Manifestation contre le tourisme de masse à Barcelone
Et cette priorité s’accompagne d’une incroyable asymétrie entre les citoyens. Il est tout à fait possible pour un établissement de mettre en place rapidement une activité ne respectant pas la législation et créant des nuisances pour les riverains. En revanche il va être extrêmement compliqué et long pour les riverains de faire valoir leurs droits et de faire respecter la législation. Il va falloir des mois et des années de souffrance et de combat pour que ces nuisances cessent.
De la même façon ce qui est choquant dans cette nouvelle tendance d’occuper l’espace public la nuit c’est l’absence de régulation protégeant aussi les consommateurs d’alcool et d’autres substances. Au-delà des nuisances sonores, comment peut-on tolérer des dérives nocturnes conduisant à des états d’hyper alcoolisation des jeunes, véritable fléau, quand il existe un arrêté interdisant, comme c'est le cas au canal St Martin, la consommation d’alcool à partir de 21 heures et dont les conséquences indirectes mesurables sont les 2,5 tonnes de canettes de bière, de bouteilles d’alcool et de déchets ramassées tous les matins sur le quai.

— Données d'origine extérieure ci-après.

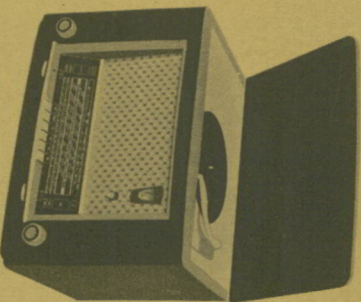

ERRES KY 5474

Uitvoering: Hoogglanzend gepolitoerde notenhouten kast ● Afmetingen: 560 X 360 X 387 mm ● 7 buizen ● Golfbrekken: 3—3,4 m (F.M.), 15—52 m, 175—585 m, 740—2000 m ● Verend opgehangen platenwiel voor alle soorten platen ● Vederlicthe pick-up met twee salfieren ● Aparte toetsen ● Afstemindicator ● Ingebouwde kruisramantenne voor A.M., aan de voorzijde om te schakelen ● Ingebouwde dipoolantenne (voor F.M.) ● Netspanningen: 110—250 volt wisselspanning ● Platenwiel wordt automatisch mee omgeschakeld. f 520,—
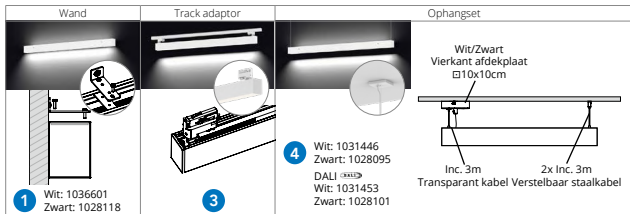

Artikel	Omschrijving	
1036601	Wand opbouwset wit	1
1028118	Wand opbouwset zwart	1
1031446	Ophangset met 1 plafond plaat en 3P kabel 3m wit	4
1028095	Ophangset met 1 plafond plaat en 3P kabel 3m zwart	4
1031453	Ophangset met 1 plafond plaat en 5P + Dalí kabel 3m wit	4
1028101	Ophangset met 1 plafond plaat en 5P + Dalí kabel 3m zwart	4
1047423	Koppelstuk set	5
1028088	Verstelbare ophangset 3m	
1089270	Verstelbaar en everplaatsbaar ophangset 3m	NIEUW!
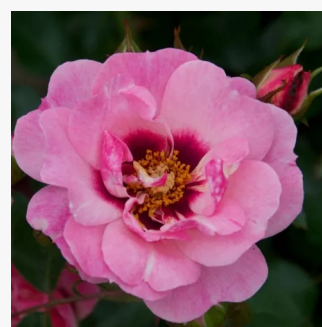

Rosa Esther Queen of Persia™

jasno-różowy z ciemnymi ziarnami - róże rabatowe grandiflora - floribunda
70-90 cm
róża z dyskretnym zapachem - -
Christopher H. Warner
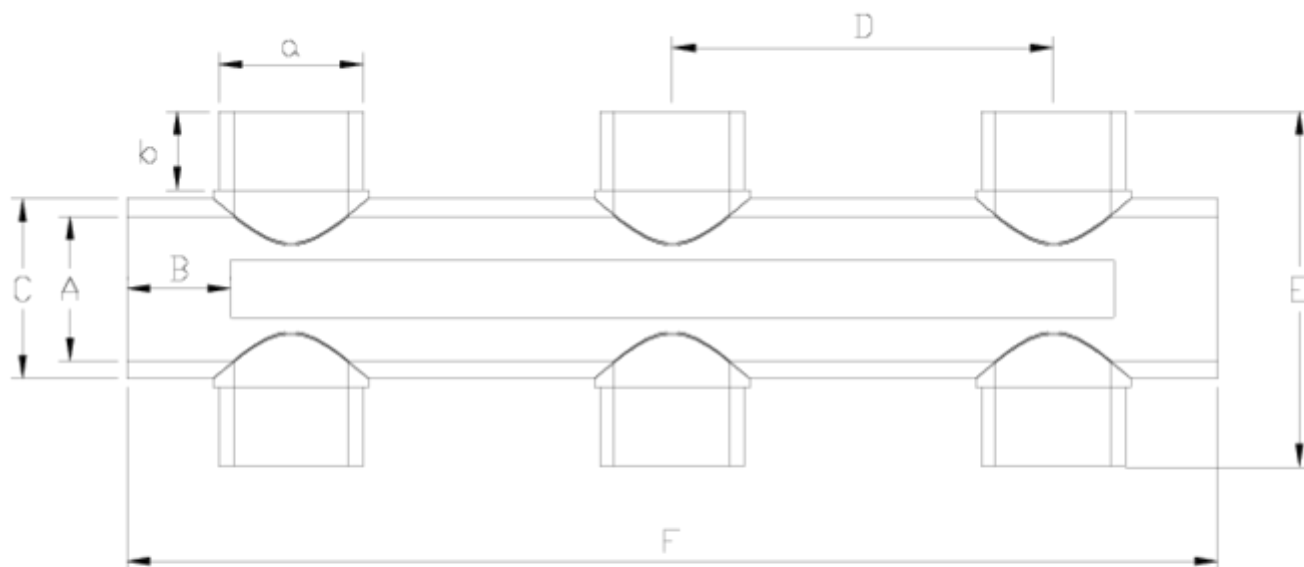

Raccords PVC-U pression

Collecteur 6 entrées à coller

ITEM 760

RÉFÉRENCE	DESCRIPTION	Poids net	Volume (m ³)	Poids brut	Unités par lot
1001682	COLECTOR 6 VIAS ENC 32 GRIS	0,42443	0,01553	4,571	10
1001684	COLECTOR 6 VIAS ENC 50 GRIS	0,7217	0,03648	2,065	2
1001685	COLECTOR 6 VIAS ENC 63 GRIS	1,5092	0,03648	3,64	2

ITEM 760 | Collecteur 6 entrées à coller

Código	A-a	Peso (g)	b	B	C	D	E	F	PN	MEDIDA
01682	32	564	22	22	40	115	88	308	PN16	MÉTRICO
01684	50	815	26	34	61	131	123	393	PN16	MÉTRICO
01685	63	1380	26	38	75	165	151	460	PN16	MÉTRICO
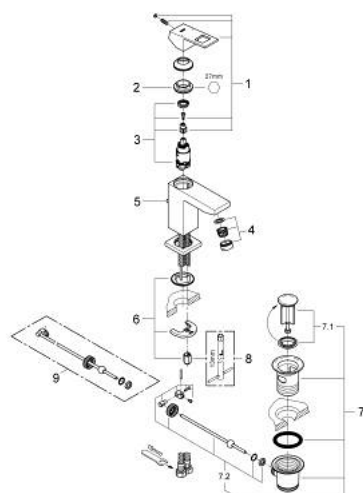

23 127 00E EUROCUBE BATERIE LAVOAR MONOCOMANDĂ 1/2" MĂRIMEA S

DESCRIEREA PRODUSULUI

- Colour: cromat
- instalare pe o singură gaură
- mâner din metal
- cartuş ceramic de 28 mm cu GROHE SilkMove
- limitator temperatură
- suprafață GROHE LongLife
- GROHE EcoJoy tehnologie pentru reducerea consumului de apă
- maximum flow rate (at 3 bar): 5 l/min
- sistem de instalare GROHE FastFixation Plus
- set evacuare cu tijă
- racorduri flexibile de conectare la apă

23 127 00E EUROCUBE BATERIE LAVOAR MONOCOMANDĂ 1/2" MĂRIMEA S

PIESE DE SCHIMB , septembrie 2010 – now

- 1: Braț (Spare part-nr. 46786000)
 - 2: inel de fixare (Spare part-nr. 46715000)
 - 3: Cartuș (Spare part-nr. 46580000)
 - 4: Aerator (Spare part-nr. 48159000)
 - 5: Tijă verticală (Spare part-nr. 46787000)
 - 6: Ansamblu de fixare a tijei nefiletate (Spare part-nr. 46645000)
 - 7: Set de scurgere 1 1/4" (Spare part-nr. 28910000)
 - 7.1: Fișa de conectare (Spare part-nr. 07182000)
 - 7.2: Tijă cu bilă (Spare part-nr. 07052000)
 - 8: Cheie pentru montare (Spare part-nr. 19017000)*
 - 9: Tijă cu bilă (Spare part-nr. 07341000)*
- * Optional accessories
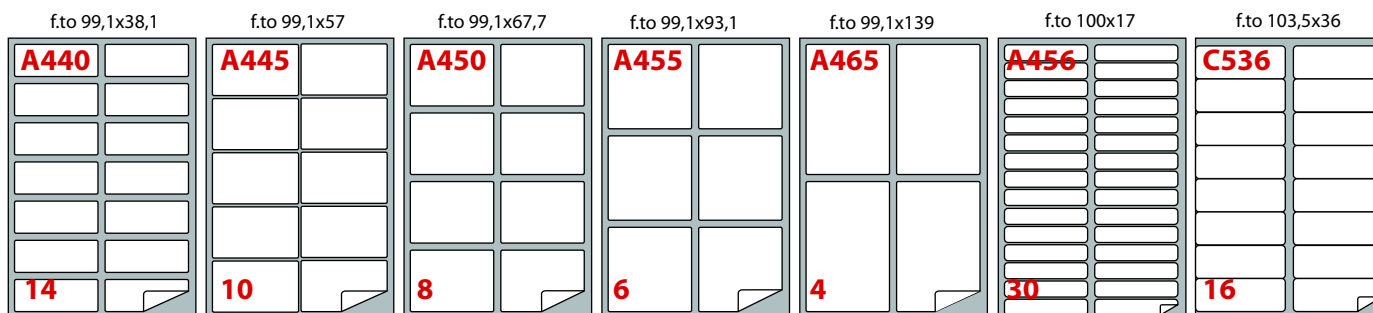

Markin ETICHETTE AUTOADESIVE BIANCHE A4 INKJET-LASER-FOTOCOPIATRICI ADESIVO PERMANENTE

CON ANGOLI ARROTONDATI
FORMATO A4
SCATOLA DA 100 FOGLI
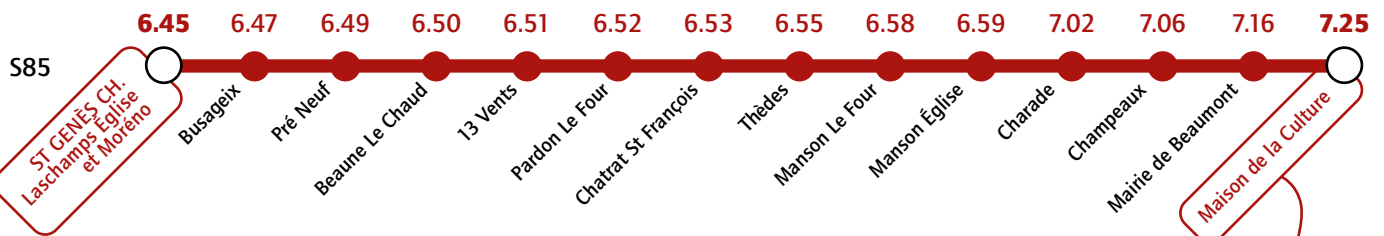

Lycée Valéry Giscard d'Estaing

Desserte de l'établissement à partir du 14 octobre 2024

Établissement desservi à l'arrêt **Chamalières Lycée** par les lignes **5** **13**

Établissement également desservi par les services spécifiques :

Du lundi au vendredi

 Nénot Intertourisme

Renseignements et informations :

www.t2c.fr  infolignes 04 73 28 70 00

- 50 -

Lycée Valéry Giscard d'Estaing

Desserte de l'établissement à partir du 14 octobre 2024

Du lundi au vendredi

 Nénot Intertourisme

Du lundi au vendredi

 Keolis

Correspondance avec la ligne 13 à l'arrêt Maison de la Culture pour le lycée Valéry Giscard d'Estaing (descendre à l'arrêt Chamalières Lycée)
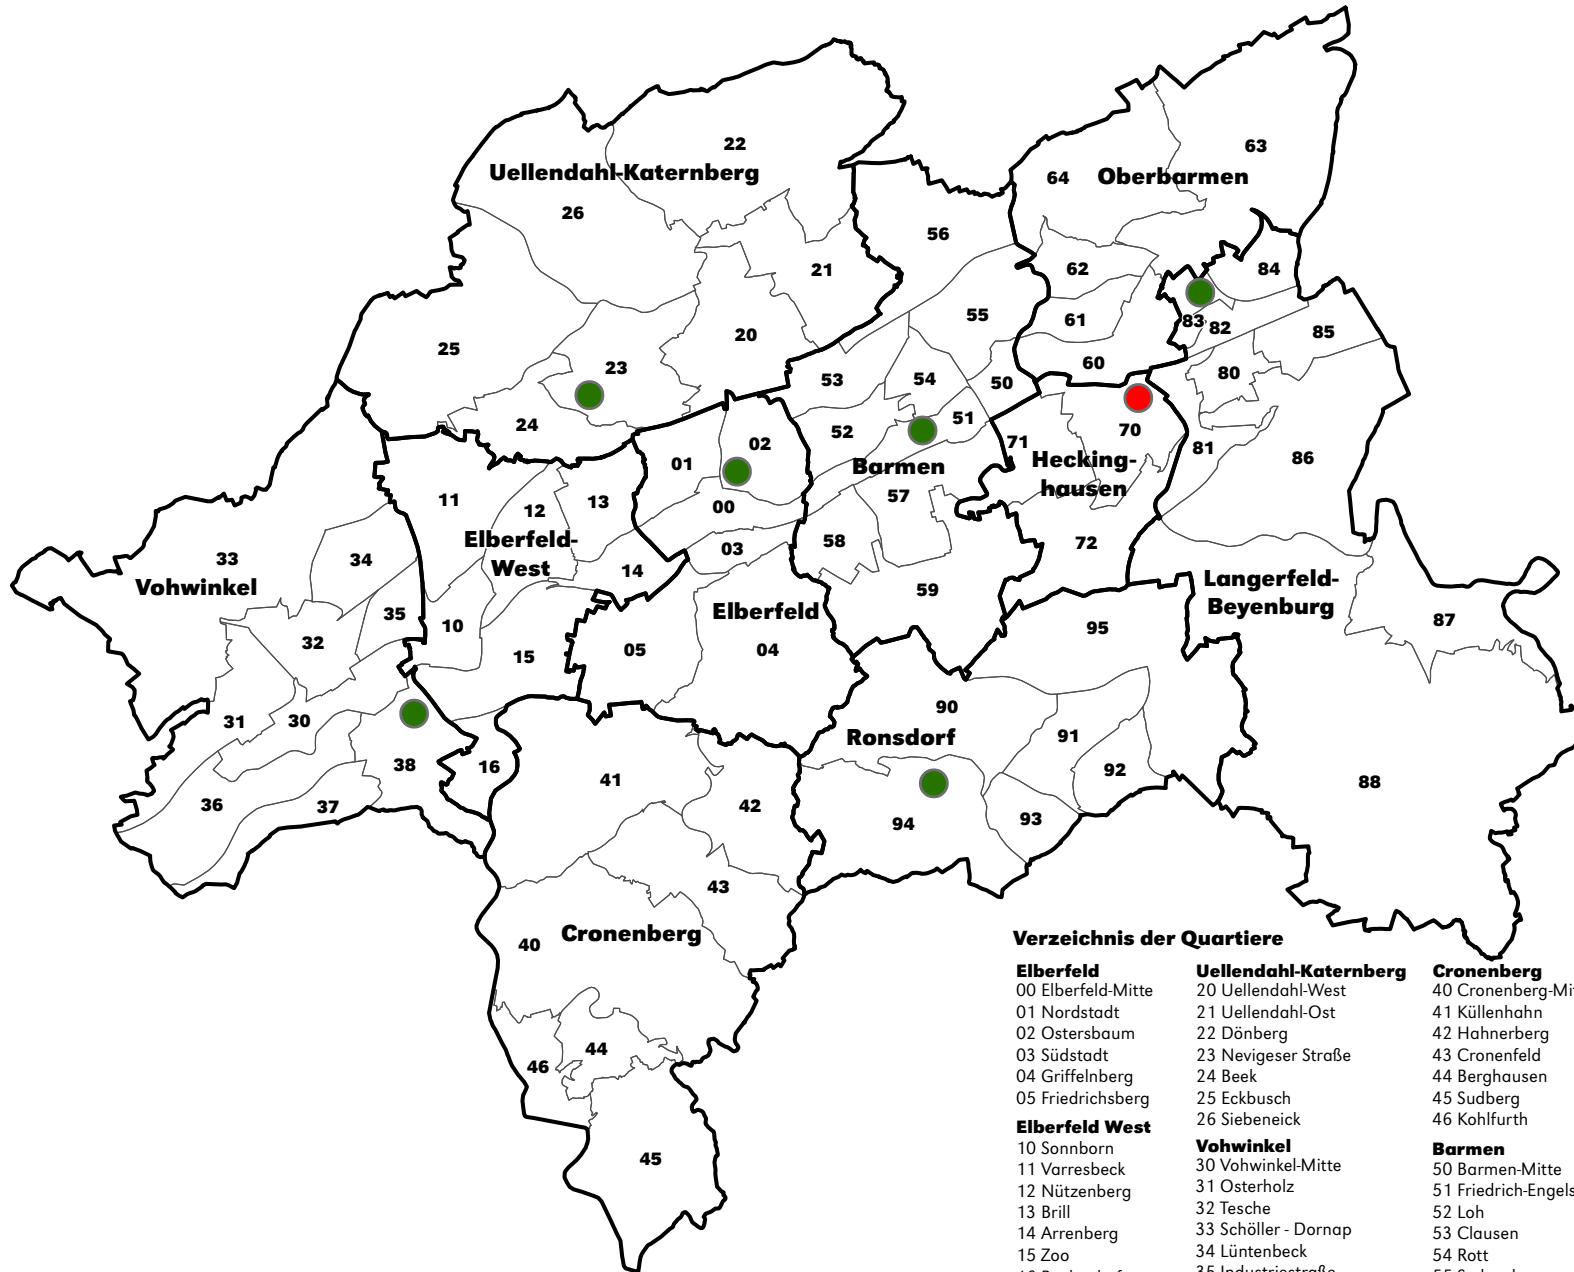

Standorte der Gesamtschulen in Wuppertal

Legende

- Grenze der Quartiere
- 40** Nummer des Quartiers
- Grenze der Stadtbezirke

- bestehende Gesamtschulen
- geplante Gesamtschule Bockmühle

Verwendungsvorbehalt:

- 00 Elberfeld-Mitte
- 01 Nordstadt
- 02 Ostersbaum
- 03 Südstadt
- 04 Griffenberg
- 05 Friedrichsberg

Elberfeld West

- 10 Sonnborn
- 11 Varresbeck
- 12 Nützenberg
- 13 Brill
- 14 Arrenberg
- 15 Zoo
- 16 Buchenhofen

Uellendahl-Katernberg

- 20 Uellendahl-West
- 21 Uellendahl-Ost
- 22 Dönberg
- 23 Nevigeser Straße
- 24 Beek
- 25 Eckbusch
- 26 Siebeneick

Vohwinkel

- 30 Vohwinkel-Mitte
- 31 Osterholz
- 32 Tesche
- 33 Schöller - Dornap
- 34 Lüntenberg
- 35 Industriestraße
- 36 Westring
- 37 Höhe
- 38 Schrödersbusch

Cronenberg

- 40 Cronenberg-Mitte
- 41 Küllenhahn
- 42 Hahnerberg
- 43 Cronenfeld
- 44 Berghausen
- 45 Sudberg
- 46 Kohlfurth

Barmen

- 50 Barmen-Mitte
- 51 Friedrich-Engels-Allee
- 52 Loh
- 53 Clausen
- 54 Rott
- 55 Sedansberg
- 56 Hatzfeld
- 57 Kothen
- 58 Hesselberg
- 59 Lichtenplatz
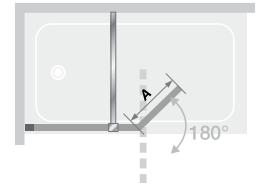

◀ Verchroomd profiel ► Profilé chromé

Combinatie Smart Design Hydra + draaipaneel
Combinaison Smart Design Hydra + volet pivotant

SMART DESIGN HYDRA ► Enkele badwand | Pare-bain fixe

	Wit profiel | Profilé blanc		Verchroomd profiel | Profilé chromé		Grijs zwart gekorrelde profiel | Profilé gris noir grainé		
	Helder glas Verre transparent	Cosmos glas Verre cosmos	Helder glas Verre transparent	Cosmos glas Verre cosmos	Helder glas Verre transparent	Cosmos glas Verre cosmos	Factory glas Verre factory
80 x 148 cm	PB130BTNE € 291	PB130BCOE € 311	PB130CTNE € 316	PB130CCOE € 337	PB130NTNE € 316	PB130NCOE € 337	PB130N2BVE € 337

SMART DESIGN HYDRA ► Draaipaneel | Volet pivotant

	Wit profiel | Profilé blanc		Verchroomd profiel | Profilé chromé		Grijs zwart gekorrelde profiel | Profilé gris noir grainé	
	Helder glas Verre transparent	Cosmos glas Verre cosmos	Helder glas Verre transparent	Cosmos glas Verre cosmos	Helder glas Verre transparent	Cosmos glas Verre cosmos
37,5 x 148 cm	PB135BTNE € 200	PB135BCOE € 202	PB135CTNE € 218	PB135CCOE € 219	PB135NTNE € 211	PB135NCOE € 235
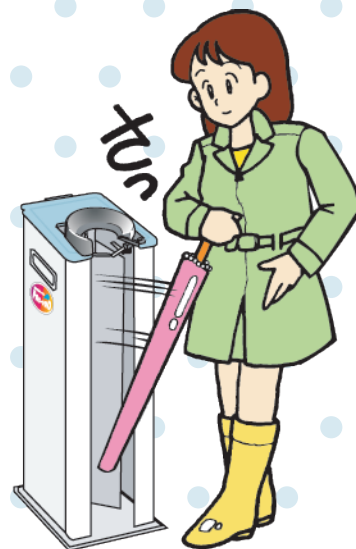

PAO-PAO

K-10

操作カンタン。入れて引くだけ!
**濡れ傘を自動的に
ポリパックします。**

特徴

- 傘を入れて手前に引くだけのスピーディ操作。
- 力いらずで、子どもやお年寄りのご利用もラクラクです。
- 無電源だから設置場所を選びません。
- 傘袋の補充も簡単。
- ゆとりの傘袋収納枚数。(1000枚)

1
かさ
を柄
まで
深く
入れ
る。

2
手
前
に
引
く

[仕様]
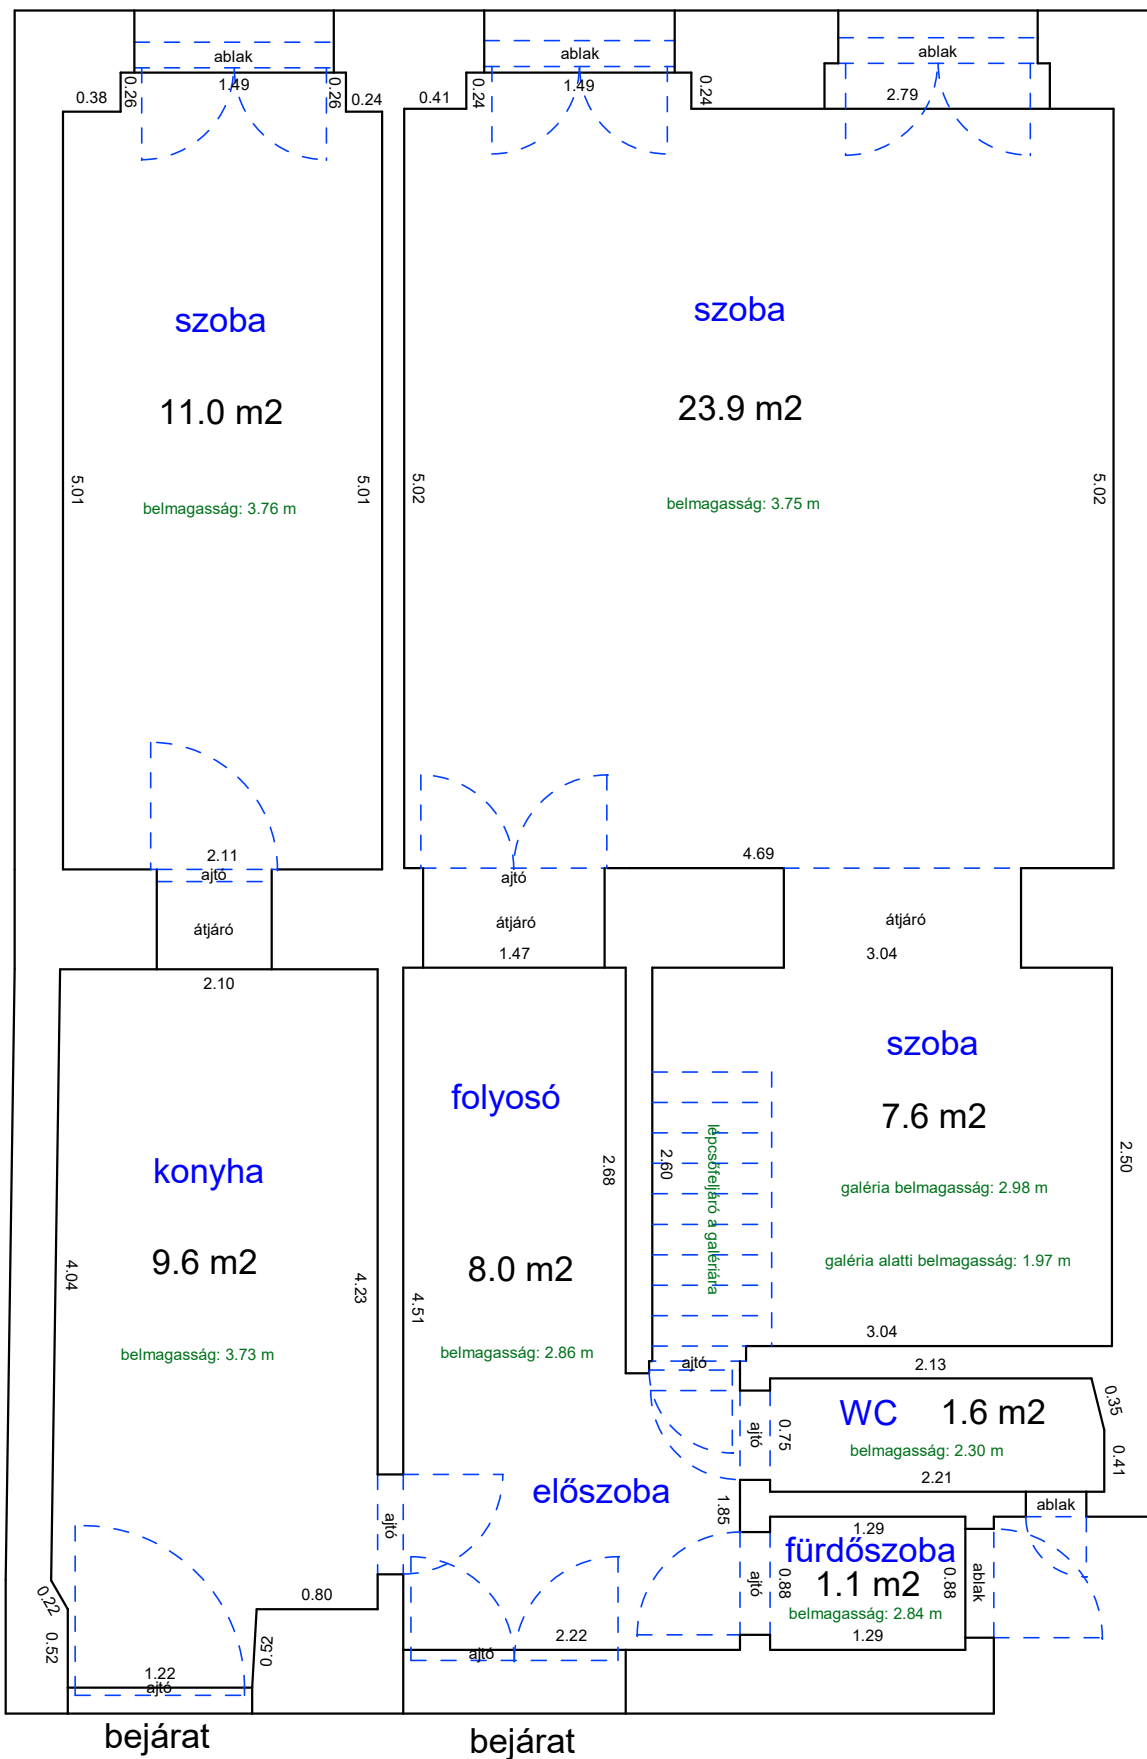

LAKÁS ALAPRAJZA

terület: 31.1 m²

MURÁNYI UTCA 34. FÖLDSZINT 5.

33267 0 A/12 HRSZ

Méretarány= 1 : 50

LAKÁS ALAPRAJZA

terület: 46.3 m²

NEFELEJCS UTCA 4. FÖLDSZINT 8.

32986 0 A/9 HRSZ

Méretarány= 1 : 50

LAKÁS ALAPRAJZA

terület: 30.2 m²

NEFELEJCS UTCA 11. 2. EMELET 19.

33079 0 A/21 HRSZ

Méretarány= 1 : 50

LAKÁS ALAPRAJZA

terület: 23.6 m²

NEFELEJCS UTCA 16. FÖLDSZINT 2.

33089 0 A/5 HRSZ Méretarány= 1 : 50

LAKÁS ALAPRAJZA terület: 62.8 m²

NEFELEJCS UTCA 24. 2. EMELET 26.

33149 0 A/28 HRSZ

Méretarány= 1 : 50

LAKÁS ALAPRAJZA
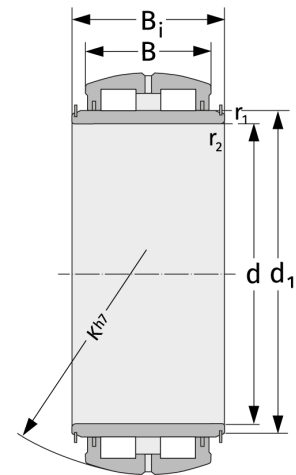

ACB 06 018

Winkeleinstellbare Zylinderrollenlager

Details:

Hauptabmessungen			
d [mm]	90	B _i [mm]	60
K [mm]	140	r _{1,2} [mm]	1,5
B [mm]	50	s [mm]	2,5
Gewicht [kg]	≈ 3		

Anschlussmaße		Berechnungsdaten	
d _{1,max} [mm]	102	C [kN]	199
		C ₀ [kN]	376
		n _g [min ⁻¹]	1130

Face à cette réalité, il existe des perceptions différentes. Nous tenons ici à saluer les propos du Préfet de Police de Paris expliquant récemment dans Le Parisien sa politique consistant à faire respecter simplement la loi dans un souci d’équité et de protection de la tranquillité des riverains. Nous sommes également intéressés par la mise en place de la police de sécurité du quotidien et nous sommes prêts à être impliqués dans cette nouvelle démarche. Enfin nous saluons la prise d’arrêté interdisant la consommation d’alcool dans certains lieux mais nous demandons qu’ils soient effectivement respectés.
Nous voulons que parallèlement à la politique du développement de la nuit, la mairie de Paris s’engage dans une vraie politique de lutte contre le bruit intégrant en priorité le bruit de la nuit. Nous demandons à Mme Hidalgo qu’elle ait pour la pollution par le bruit la même détermination qu’elle affiche pour la pollution atmosphérique.
Nous demandons que soit mis fin à cette incroyable asymétrie entre ceux qui sont responsables des nuisances et ceux qui les subissent. C’est simplement une question d’égalité des citoyens face à la loi. Nous demandons à travailler avec les mairies, la Préfecture de Police et tous les services concernés, à la mise en place d’un circuit court aidant et protégeant les riverains subissant des nuisances pour y mettre fin le plus rapidement possible. Un tel système est opérationnel dans la ville de Rotterdam.
Enfin nous demandons que pour les occupations nocturnes de l’espace public nous puissions définir, sous la coordination de la Mairie de Paris et de la Préfecture de Police, un cadre clair de régulation des nuisances élaboré en concertation étroite avec les riverains et une évaluation de la situation régulièrement sur des critères objectifs partagés.
En conclusion nous pensons qu’il est tout à fait possible de développer une vie nocturne équilibrée. Pour ce faire, il est urgent de corriger les asymétries d’aujourd’hui. Nous voulons travailler avec les différentes entités concernées pour y parvenir.